Accessing short term loans is pretty simple. You can apply for a short term loan now, and get approved instantly. The borrower typically writes a check for the amount you are borrowing – plus a fee. The check is left with the lender, and the lender cashes the check as agreed, which is usually a few weeks after the money is borrowed. It’s that simple and easy.
If for some reasons the borrowed can’t repay the payday loan when it’s due, the borrowed amount can be “rolled over”. Essentially this means that the loan is extended. Borrower doesn’t have to repay it, but fees keep accumulating.
One thing that pops out about short term loans is the interest rate associated with them. Borrower may pay a hefty interest rate for the short term loan. Despite a high interest rate, that is the cost of doing business, and convenience of getting a short term loan.
Borrowers are approved on the spot, and no previous credit history is necessary to get a payday loan.
An overdraft is an option attached to your existing bank account. Overdrafts enable the customer to continue to use the account in the normal way even though its funds have been exhausted. There are limits, and there is no such thing as an unlimited overdraft. The banking will set a limit on how much can be overdrawn.
I know that all of my accounts (business and personal) are attached to $1,000 overdrafts. Even though I never use the overdraft, it’s a good peace of mind. For example, no check in the amount of up to $1,000 can bounce, because overdraft protection exists.

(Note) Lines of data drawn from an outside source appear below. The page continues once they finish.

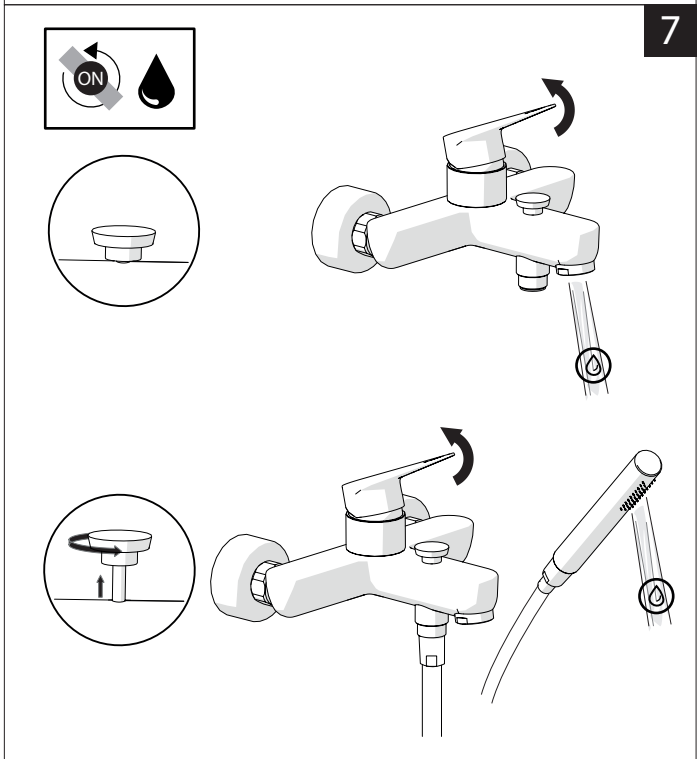

www.grupponobili.it

PRIMA DI INIZIARE / BEFORE STARTING

	P bar		MAX 10 MIN 0,5		5		T ∞ C		MAX -80		65 45

PULIZIA / CLEANING

ACQUA WATER	ALCOOL	MICROFIBRA MICROFIBER	SPUGNA SPONGE	DETERGENTI DETERGENT
✓	✓	✓	✗	✗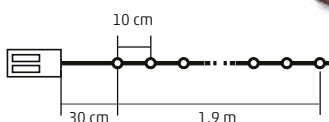

RLS5WW

NEW!

LED-ES SZALAG, MINTÁKKAL

- kül- és beléri kivitel
- 50 db melegfehér LED
- IP44 elemtartó 8 funkcióval
- 6 h ON / 18 h OFF időzítővel
- tápellátás: 3 x 1,5 V (AA) elem, nem tartozék

6h ON
AUTO
18h OFF

5 m

SML100WW

NEW!

SZOLÁR MICRO LED-ES FÉNYFŰZÉR

- kül- és beléri kivitel
- 100 db melegfehér microLED
- nappal töltődik, sötétben világít (max. 8 órát)
- leszűrhető vagy falra rögzíthető napelem
- üzemmódok: kikapcsolás, folyamatos vagy villogó fény
- cserélhető akkumulátor: 1 x 600 mAh Ni-MH, tartozék
- átlátszó vezeték

5 m

**TRY ME!
DISPLAY**

ML 23/WW

MICRO-LED-ES FÉNYFŰZÉR

- beltéri kivitel
- 4-féle fűzér a következő figurákból: rénszarvas, harang, angyal, hópehely
- 20 db melegfehér micro-LED
- vékony, átlátszó vezeték
- **ON/OFF/TIMER (6 h ON/18 h OFF) ismétlődő időzítés**
- tápellátás: 2 x 1,5 V (AA) elem, nem tartozék

4 x 5 db / TRY ME DISPLAY, kizárólag displayben, vegyes figurákkal rendelhető!

1,9 m

KLG 25

MICRO-LED-ES GYÖNGY FÉNYFŰZÉR

- beltéri kivitel
- 25 db melegfehér LED
- akril gyöngy dekoráció
- átlátszó vezeték
- be/ki kapcsolóval
- tápellátás: 3 x 1,5 V (AA) elem, nem tartozék

1,5 m

ML 21/WW

MICRO-LED-ES "KRISTÁLY" FÉNYFŰZÉR

- beltéri kivitel
- 20 db melegfehér LED
- akril kristálydekoráció
- átlátszó vezeték
- be/ki kapcsolóval
- tápellátás: 2 x 1,5 V (AA) elem, nem tartozék

1,9 m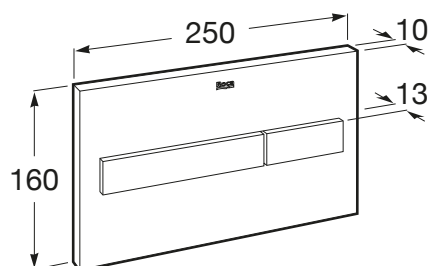

IN-WALL

Clapeta dubla actionare PL7

DIMENSIUNI

Lungime 250 mm

Înălțime 160 mm

CULORI ȘI FINISAJE

8 Black with glass

PRE (FĂRĂ TVA) (FĂRĂ TVA)

278,00 LEI

SCHIȚE TEHNICE

CARACTERISTICI

Număr butoane: 2

Recomandat pentru spații publice

COMPATIBIL CU

DUPLO WC L – Rama încastrată pentru rezervor WC cu clătire dublă. Permite activare frontală sau superioară. Cot 90° / 110°

890121010

DUPLO WC - Structură încastrată pentru Smart Toilets cu rezervor dublă comandă cot 90°/110°

890090800

Duplo WC - rezervor încastrat, pentru WC suspendat, cu mecanism dublă descărcare

890090020

BASIC TANK COMPACT - Rezervor compact ascuns (8cm) cu comandă dublă (4/2 - 4.5/3 - 6/3 L)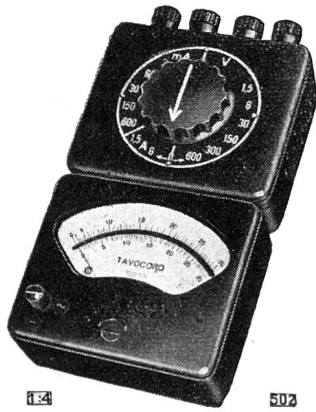

Lindenstrasse 15 Telephon (041) 275 74
Nachfolger der Gleichrichter-Abteilung Ferrier, Güdel & Co.

134

502

TRAGBARE MESSGERÄTE

Einfache elektromagnetische Volt- und Ampèremeter, Zangenstrommesser mit 7 Messbereichen, Luxmeter, Vielfachmessgeräte TAVOCORD für = und ~, Ohmmeter, Messbrücken, Isolationsprüfer, Erdleitungsprüfer, Wattmeter etc.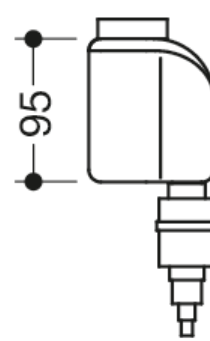

Vergelijkbare afbeelding

Afmetingen in mm

Eigenschappen

HEWI zeepreservoir en schuimpomp

- dient als dispenser voor in de handel verkrijgbare schuimzeep
- met binnencontainer voor vrije vulling, Vulvolume 500 ml
- batterijen (AA 1,5 V / 4 stuks) niet inbegrepen in de levering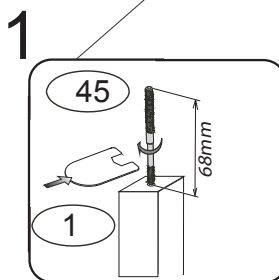

# DOMINO

D 954

165x60x60

L 1x

1/1

**DOMESTAV**<sup>®</sup>  
s.r.o.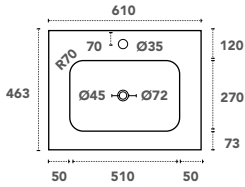

- ☐ VAS-600RES 179.10 €
- ☒ VAS-600RES-N 209.50 €

- ☐ VAS-700RES 190.70 €
- ☒ VAS-700RES-N 219.20 €

- ☐ VAS-800RES 204.90 €
- ☒ VAS-800RES-N 234.00 €

Overdrafts are a convenient form of short-term temporary borrowing, with interest calculated on a daily basis, and its purpose is to assist the customer over a period in which expenditure exceeds income.
Overdrafts are an agreement in advance, between the consumer and the institution. Typically overdrafts are an inexpensive way for of borrowing short term. Borrowers will pay a set interest rate, and typically a charge of $5.00 per overdraft. So, for example if the borrower withdraws $100 today, and $100 tomorrow, they will pay $10 fee in overdraft ($5/day) and the agreed interest rate (revolving) on the $200 until it’s paid back in full.

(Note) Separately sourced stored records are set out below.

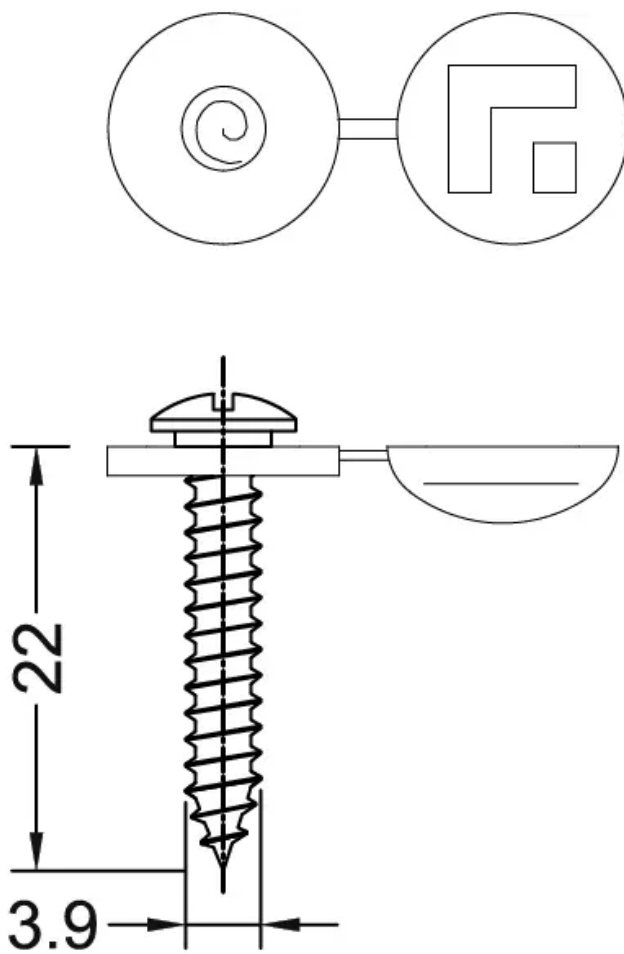

Übersicht

Gutmann Fensterbankschraube Edelstahl, Linsenkopf (Torx T-20), mit U-Scheibe und Kappe, weiß

Produktnummer: E9402555

Optionen

Produktinformationen

Hinweis: Die technischen Produktdaten wurden möglicherweise mithilfe KI-gestützter Verfahren ausgelesen und generiert.

EAN	4021036063889
Hersteller-Nummer	063889
Herstellername	Gutmann
Farbe/Oberfläche	Edelstahl
Gewicht	0.1 kg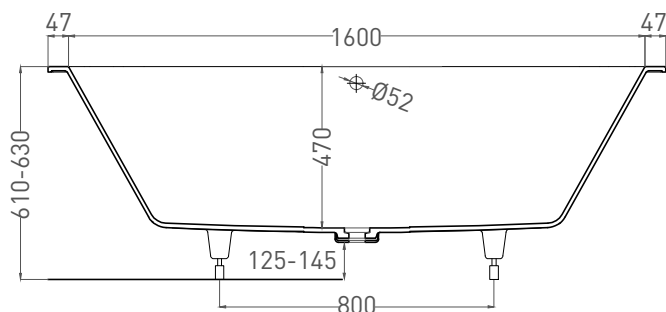

ORNELLA AXIS 170X75

ВАННА ВСТРАИВАЕМАЯ 103423M

Дизайн: Salini SRL

salini
L'ANIMA DELL'ACQUA

Размеры: 1694 x 745 x 610 / 630 мм

Вес нетто / брутто: 55 / 106 кг

Объём до перелива: 265 л

Глубина до перелива: 400 мм

Материал: S-Stone

Покрытие: матовое

Цвет: RAL / белый

Комплектация: регулируемые ножки до 2 см

Требуемый смеситель: настенный / напольный

Гарантия: 10 лет

Производство: Италия / Россия

Salini SRL

20122 Italia, Milano, Largo Ildefonso Schuster, 1

info@salini-srl.com

www.salini-srl.com

© Salini SRL - All rights reserved

Все права защищены. Несанкционированное копирование, публикация, полное или частичное воспроизведение запрещены.

Credit cards are a source of revolving credit. The borrower has a credit limit and can use the credut card for purchases or other transactions up to the limited amount.
Credit card interest rates vary, yet most credit cards from banking institutions are associated with 19.99% interest rates. Store credit cards such as from The Brick or Leons, are associated with atrocious interest rates that typically vary from 24.99% – 29.99%.
The borrowers receive a monthly statement, detailing recent transactions and showing the outstanding balance. There is a grace period, typically up to 21 days to repay the borrowed amount at no interest charged.
If the borrower fails to pay the amount in full, the remaining balance is carried forward. One thing to note is that the borrower is charged interest at the initial amount borrowed, and not on the decreasing balance.
Credit cards are an expensive way to borrow, with interest rates considerably higher than most other lending products. Additional charges exist to credit card holders, if the card is used to withdraw cash (in store) or through an ATM.
People end up in trouble either due to their own foolishness or reasons beyond their control. Life deals us unexpected card, and we must obtain credit to survive. Borrowing money is unfortunately sometimes the only option left to get over the hurdle.
Some of the borrowing options above are better than others. Some are down right criminal, yet that’s what the cost of borrowing is sometime.
Whenever money is borrowed, the borrower should always work out how much money they actually need. Why take out a $5,000 personal loan, if you only need $2,000? Foolish strategy, that could lead to the road of debt.
Make a wise choice, shop around, and don’t be afraid to walk away.